----- Input material -----
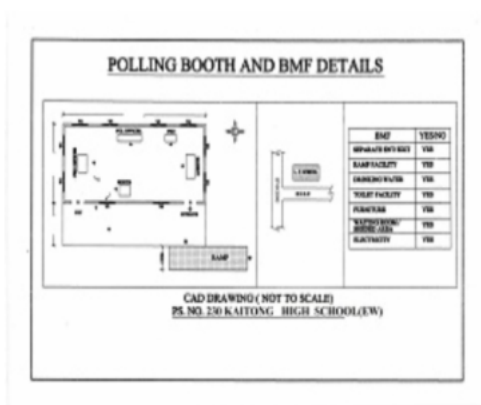

নিৰ্বাচক পঞ্জীয়ন বিষয়াৰ স্বাক্ষৰ

Nazri Naksha

Google Map View

Polling Station Building Front View

ভোটগ্ৰহন কেন্দ্ৰৰ সন্মুখৰ দৃশ্য

Cad View

Key MAP View

1 নাম : নগেন গগৈ পিতাৰ নাম: বংশী গগৈ ঘৰ নং : 1 বয়স : 62 লিঙ্গ : পুৰুষ	DWM2224568 ফটো উপলব্ধ	2 নাম : সোনমাই গগৈ স্বামীৰ নাম: নগেন গগৈ ঘৰ নং : 1 বয়স : 52 লিঙ্গ : মহিলা	DWM0644245 ফটো উপলব্ধ	3 নাম : সুভাষ গগৈ পিতাৰ নাম: নগেন গগৈ ঘৰ নং : 1 বয়স : 40 লিঙ্গ : পুৰুষ	DWM2224580 ফটো উপলব্ধ
4 নাম : ডালিমী গোঁহাই গগৈ স্বামীৰ নাম: সুভাষ গগৈ ঘৰ নং : 1 বয়স : 38 লিঙ্গ : মহিলা	DWM0000455 ফটো উপলব্ধ	#2 5 নাম : দুলেন গগৈ পিতাৰ নাম: নগেন গগৈ ঘৰ নং : 139 বয়স : 35 লিঙ্গ : পুৰুষ	DWM2775099 ফটো উপলব্ধ	#2 6 নাম : কবিতা সেনাপতি গগৈ স্বামীৰ নাম: দুলেন গগৈ ঘৰ নং : 139 বয়স : 33 লিঙ্গ : মহিলা	DWM0168971 ফটো উপলব্ধ
7 নাম : অনিমা বসুমতাৰী চমুৱা স্বামীৰ নাম: পৰিত্ৰ চমুৱা ঘৰ নং : 1 বয়স : 30 লিঙ্গ : মহিলা	DWM0161984 ফটো উপলব্ধ	8 নাম : প্ৰমিলা গগৈ স্বামীৰ নাম: মিন গগৈ ঘৰ নং : 2 বয়স : 72 লিঙ্গ : মহিলা	DWM2224615 ফটো উপলব্ধ	9 নাম : মিন গগৈ পিতাৰ নাম: গেমেৰা গগৈ ঘৰ নং : 2 বয়স : 58 লিঙ্গ : পুৰুষ	DWM2224604 ফটো উপলব্ধ
10 নাম : দীপক গগৈ পিতাৰ নাম: মিন গগৈ ঘৰ নং : 2 বয়স : 31 লিঙ্গ : পুৰুষ	DWM2230504 ফটো উপলব্ধ	11 নাম : মিনী চমুৱা গগৈ স্বামীৰ নাম: দীপক গগৈ ঘৰ নং : 2 বয়স : 30 লিঙ্গ : মহিলা	DWM0167460 ফটো উপলব্ধ	#2 12 নাম : দুদল ফুকন পিতাৰ নাম: গগন ফুকন ঘৰ নং : 2 বয়স : 25 লিঙ্গ : পুৰুষ	DWM2862746 ফটো উপলব্ধ
13 নাম : ভদ্রেেশ্বৰ গগৈ পিতাৰ নাম: সোমেশ্বৰ গগৈ ঘৰ নং : 3 বয়স : 62 লিঙ্গ : পুৰুষ	DWM2224626 ফটো উপলব্ধ	14 নাম : ৰপামণি গগৈ স্বামীৰ নাম: ভদ্রেেশ্বৰ গগৈ ঘৰ নং : 03 বয়স : 58 লিঙ্গ : মহিলা	DWM2224637 ফটো উপলব্ধ	S 15 নাম : নীলাক্ষী কোঁৱৰ ফুকন স্বামীৰ নাম: খগেন ফুকন ঘৰ নং : 3 বয়স : 34 লিঙ্গ : মহিলা	DWM2862613 ফটো উপলব্ধ
16 নাম : প্ৰদীপ গগৈ মাতৃৰ নাম: মালতী গগৈ ঘৰ নং : 4 বয়স : 34 লিঙ্গ : পুৰুষ	DWM0167593 ফটো উপলব্ধ	17 নাম : বলবল গগৈ মাতৃৰ নাম: মালতী গগৈ ঘৰ নং : 4 বয়স : 32 লিঙ্গ : পুৰুষ	DWM0167601 ফটো উপলব্ধ	18 নাম : জান চুতীয়া গগৈ স্বামীৰ নাম: প্ৰদীপ গগৈ ঘৰ নং : 4 বয়স : 29 লিঙ্গ : মহিলা	DWM0644633 ফটো উপলব্ধ
S 19 নাম : গুৱলা ফুকন পিতাৰ নাম: দীপক ফুকন ঘৰ নং : 8 বয়স : 26 লিঙ্গ : মহিলা	DWM2917524 ফটো উপলব্ধ	20 নাম : নোমলী গগৈ স্বামীৰ নাম: ৰুদ্ৰ গগৈ ঘৰ নং : 5 বয়স : 46 লিঙ্গ : মহিলা	DWM2224682 ফটো উপলব্ধ	21 নাম : ভূপেন গগৈ পিতাৰ নাম: ৰুদ্ৰ গগৈ ঘৰ নং : 5 বয়স : 30 লিঙ্গ : পুৰুষ	DWM0167841 ফটো উপলব্ধ
22 নাম : প্ৰতিমা সেনাপতি গগৈ স্বামীৰ নাম: ভূপেন গগৈ ঘৰ নং : 5 বয়স : 25 লিঙ্গ : মহিলা	DWM2917425 ফটো উপলব্ধ	23 নাম : ভাইন চমুৱা পিতাৰ নাম: তিলেন চমুৱা ঘৰ নং : 5 বয়স : 24 লিঙ্গ : পুৰুষ	DWM2862597 ফটো উপলব্ধ	24 নাম : মুনিন্দ্র গগৈ মাতৃৰ নাম: নোমলী গগৈ ঘৰ নং : 05 বয়স : 21 লিঙ্গ : পুৰুষ	VNK0016576 ফটো উপলব্ধ
25 নাম : গুনমনি গগৈ স্বামীৰ নাম: প্ৰদীপ গগৈ ঘৰ নং : 6 বয়স : 46 লিঙ্গ : মহিলা	DWM2224706 ফটো উপলব্ধ	26 নাম : পুলক গগৈ পিতাৰ নাম: প্ৰদীপ গগৈ ঘৰ নং : 6 বয়স : 31 লিঙ্গ : পুৰুষ	DWM0482604 ফটো উপলব্ধ	27 নাম : মমী বৰুৱা গগৈ স্বামীৰ নাম: পুলক গগৈ ঘৰ নং : 6 বয়স : 25 লিঙ্গ : মহিলা	DWM0632901 ফটো উপলব্ধ
28 নাম : পাপল গগৈ পিতাৰ নাম: প্ৰদীপ গগৈ ঘৰ নং : 6 বয়স : 21 লিঙ্গ : পুৰুষ	DWM3094307 ফটো উপলব্ধ	29 নাম : নিত্যা গগৈ পিতাৰ নাম: উমাকান্ত গগৈ ঘৰ নং : 9 বয়স : 50 লিঙ্গ : পুৰুষ	DWM2224717 ফটো উপলব্ধ	# 30 নাম : জুনমনি পাটিৰ স্বামীৰ নাম: নিত্যা গগৈ ঘৰ নং : 9 বয়স : 46 লিঙ্গ : মহিলা	DWM2224728 ফটো উপলব্ধ
-----
Your task
In the entries above, restate word for word the lines between the one holding "ভোটগ্ৰহন কেন্দ্ৰৰ সন্মুখৰ দৃশ্য" and the one holding "13 নাম : ভদ্রেেশ্বৰ", inclusive, and nothing besides.

Output for this exercise
ভোটগ্ৰহন কেন্দ্ৰৰ সন্মুখৰ দৃশ্য

Cad View

Key MAP View

1 নাম : নগেন গগৈ পিতাৰ নাম: বংশী গগৈ ঘৰ নং : 1 বয়স : 62 লিঙ্গ : পুৰুষ	DWM2224568 ফটো উপলব্ধ	2 নাম : সোনমাই গগৈ স্বামীৰ নাম: নগেন গগৈ ঘৰ নং : 1 বয়স : 52 লিঙ্গ : মহিলা	DWM0644245 ফটো উপলব্ধ	3 নাম : সুভাষ গগৈ পিতাৰ নাম: নগেন গগৈ ঘৰ নং : 1 বয়স : 40 লিঙ্গ : পুৰুষ	DWM2224580 ফটো উপলব্ধ
4 নাম : ডালিমী গোঁহাই গগৈ স্বামীৰ নাম: সুভাষ গগৈ ঘৰ নং : 1 বয়স : 38 লিঙ্গ : মহিলা	DWM0000455 ফটো উপলব্ধ	#2 5 নাম : দুলেন গগৈ পিতাৰ নাম: নগেন গগৈ ঘৰ নং : 139 বয়স : 35 লিঙ্গ : পুৰুষ	DWM2775099 ফটো উপলব্ধ	#2 6 নাম : কবিতা সেনাপতি গগৈ স্বামীৰ নাম: দুলেন গগৈ ঘৰ নং : 139 বয়স : 33 লিঙ্গ : মহিলা	DWM0168971 ফটো উপলব্ধ
7 নাম : অনিমা বসুমতাৰী চমুৱা স্বামীৰ নাম: পৰিত্ৰ চমুৱা ঘৰ নং : 1 বয়স : 30 লিঙ্গ : মহিলা	DWM0161984 ফটো উপলব্ধ	8 নাম : প্ৰমিলা গগৈ স্বামীৰ নাম: মিন গগৈ ঘৰ নং : 2 বয়স : 72 লিঙ্গ : মহিলা	DWM2224615 ফটো উপলব্ধ	9 নাম : মিন গগৈ পিতাৰ নাম: গেমেৰা গগৈ ঘৰ নং : 2 বয়স : 58 লিঙ্গ : পুৰুষ	DWM2224604 ফটো উপলব্ধ
10 নাম : দীপক গগৈ পিতাৰ নাম: মিন গগৈ ঘৰ নং : 2 বয়স : 31 লিঙ্গ : পুৰুষ	DWM2230504 ফটো উপলব্ধ	11 নাম : মিনী চমুৱা গগৈ স্বামীৰ নাম: দীপক গগৈ ঘৰ নং : 2 বয়স : 30 লিঙ্গ : মহিলা	DWM0167460 ফটো উপলব্ধ	#2 12 নাম : দুদল ফুকন পিতাৰ নাম: গগন ফুকন ঘৰ নং : 2 বয়স : 25 লিঙ্গ : পুৰুষ	DWM2862746 ফটো উপলব্ধ
13 নাম : ভদ্রেেশ্বৰ গগৈ পিতাৰ নাম: সোমেশ্বৰ গগৈ ঘৰ নং : 3 বয়স : 62 লিঙ্গ : পুৰুষ	DWM2224626 ফটো উপলব্ধ	14 নাম : ৰপামণি গগৈ স্বামীৰ নাম: ভদ্রেেশ্বৰ গগৈ ঘৰ নং : 03 বয়স : 58 লিঙ্গ : মহিলা	DWM2224637 ফটো উপলব্ধ	S 15 নাম : নীলাক্ষী কোঁৱৰ ফুকন স্বামীৰ নাম: খগেন ফুকন ঘৰ নং : 3 বয়স : 34 লিঙ্গ : মহিলা	DWM2862613 ফটো উপলব্ধ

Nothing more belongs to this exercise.